Мой номер был размером одиннадцать футов на четырнадцать и двенадцать футов высотой. Окно выходило в серый двор. В комнате стояли комод и узкая кровать с тонким европейским матрацем, положенным на большой матрац. В изголовье лежал валик, тяжелый, как намокшее полено. И еще был телевизор!
Я включил телевизор. Посыпался электронный снег, запульсировали волны. Изображение черно-белое. На экране - дети. Я выключил телевизор. Сел на узкую кровать и опустил голову на руки. Затем поднялся. Задернул занавески, чтобы не видеть двора. Снова сел. Тут я могу и остаться - при условии, что не привлек внимания властей, - могу остаться по крайней мере на неделю и разложить некоторые проблемы по полочкам. А у меня было столько проблем, что я уже и не искал на них ответа. Лишь бы разобраться с ними.

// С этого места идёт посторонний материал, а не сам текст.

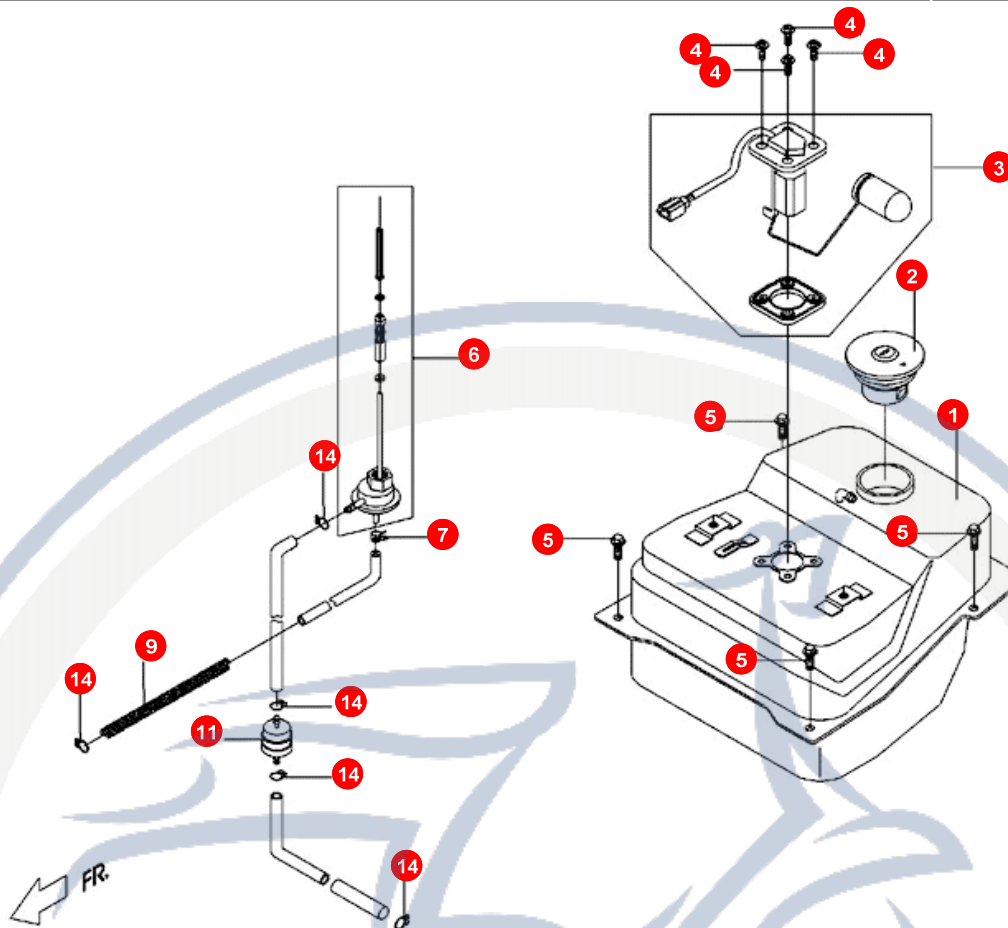

18. BENZINTANK

POS	ARTIKELNUMMER	BEZEICHNUNG	MODELL	MG
1	P25215020001	TANK		1
2	P2521301000	TANKDECKEL		1
3	P25217010000	E P25217000001 BENZINSTANDGEBER		1
4	90200501400	SCHRAUBE		4
5	90190601200	SCHRAUBE		4
6	P6523000000	BENZINHAHN		1
7	KP706370000	KLEMMFEDER		1
9	P1706610000	SCHUTZFEDER		1
11	P652A0100001	BENZINFILTER		1
14	E1706020000	KLEMMFEDER		5

Память о жизни, которая во многих отношениях оборвалась посреди одной долгой ночи, побуждала меня - как можно себе представить - продвигаться крайне осторожно. Знакомый режиссер рассказывал мне, как, окончив съемки одного из своих фильмов, он продолжал жить со своими операторами и актерами. Они давно разъехались, а он каждое утро просыпался с готовыми для них заданиями: "Бернар, сегодня будем переснимать сцену на рынке. Скажи помрежу, что нужна по крайней мере сотня статистов". Только вылезши из постели и побрившись, он говорил себе: "Картина ведь уже отснята. Ты рехнулся. Ничего больше снять нельзя". Но он, говорил мне режиссер, перешел в Зазеркалье. Фильм стал для него реальнее жизни.
Я что же, стал вроде этого режиссера? Целый год я скрывался в Бронксе, в снятой мною комнате с окном, выходившим в вентиляционную шахту, и старался работой воздвигнуть стену между последним воспоминанием о Киттредж и собой. Случалось, месяц проходил спокойно и я спал ночами, а днем работал, нанизывая одно за другим слова, словно сплетая из них нить, которая могла вывести меня из пещеры.

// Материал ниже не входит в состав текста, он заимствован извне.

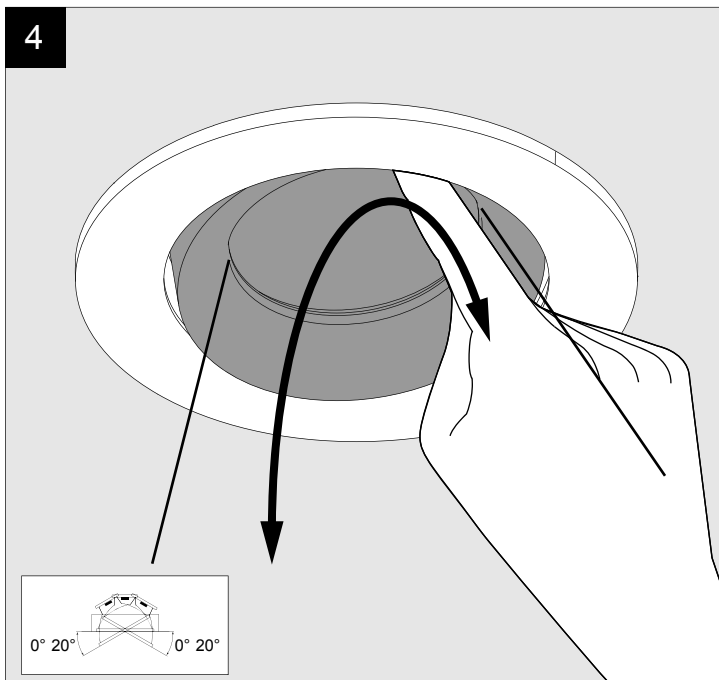

De verlichtingsbron van dit verlichtingstoestel zal enkel door de fabrikant of door de fabrikant aangestelde installateur vervangen worden.

La source lumière de cet appareil ne sera remplacée que par l'entreprise ou par un agent reconnu.

Das enthaltene Leuchtmittel sollte nur durch entsprechendes Fachpersonal ersetzt werden.

The light source contained in this luminaire shall only be replaced by the manufacturer or his service agent.

La fuente de iluminación que tiene esta luminaria sólo puede remplazarse por el fabricante o por un instalador autorizado.

La sorgente luminosa incorporata in questo apparecchio può essere sostituita solo dal produttore, da un suo centro assistenza oppure da una persona in possesso della necessaria abilitazione.

ATTENTION
OBSERVE PRECAUTIONS FOR
HANDLING ELECTROSTATIC
DISCHARGE SENSITIVE
DEVICES

NO SECONDARY SWITCHING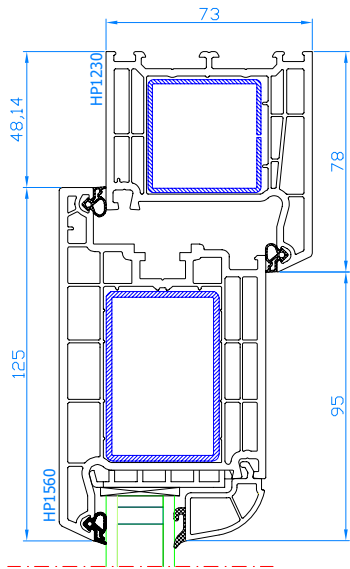

DPB-73
Eingangstür mit niedriger ALU-Schwelle nach außen öffnend
ALU-Schwelle: TS57412
Rahmen: HP1230
Flügel: HP1550

DPB-73
Eingangstür mit absenkbarer Leiste (ohne Schwelle) nach außen öffnend
Rahmen: HP1230
Flügel: HP1550

А потом ни с того ни с сего меня вдруг поражала как стрелой любовь к Киттредж. Я чувствовал себя как эпилептик на краю великой беды. Один неверный шаг - и начнутся судороги. Через несколько месяцев Бронкс стал для меня невыносим - я должен был оттуда уехать.

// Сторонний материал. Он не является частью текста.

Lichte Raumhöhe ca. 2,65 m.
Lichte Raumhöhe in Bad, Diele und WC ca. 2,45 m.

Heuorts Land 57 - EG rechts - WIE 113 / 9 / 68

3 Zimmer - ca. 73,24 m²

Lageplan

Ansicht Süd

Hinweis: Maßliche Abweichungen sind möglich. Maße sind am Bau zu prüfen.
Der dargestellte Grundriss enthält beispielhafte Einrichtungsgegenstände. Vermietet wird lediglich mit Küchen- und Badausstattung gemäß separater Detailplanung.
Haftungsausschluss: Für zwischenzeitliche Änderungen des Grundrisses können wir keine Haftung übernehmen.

К тому же они наверняка искали меня. Это было несомненно. Чем дольше я не всплыву, тем шире пойдут круги. В Фирме начнут думать, не перебрался ли я в Москву. Как я смеялся, задыхаясь от спазм беззвучного молчаливого смеха, какой мы позволяли себе в Преисподней, когда представлял себе, что все это время, пока я жил в Бронксе, в Фирме считали, что я в Москве.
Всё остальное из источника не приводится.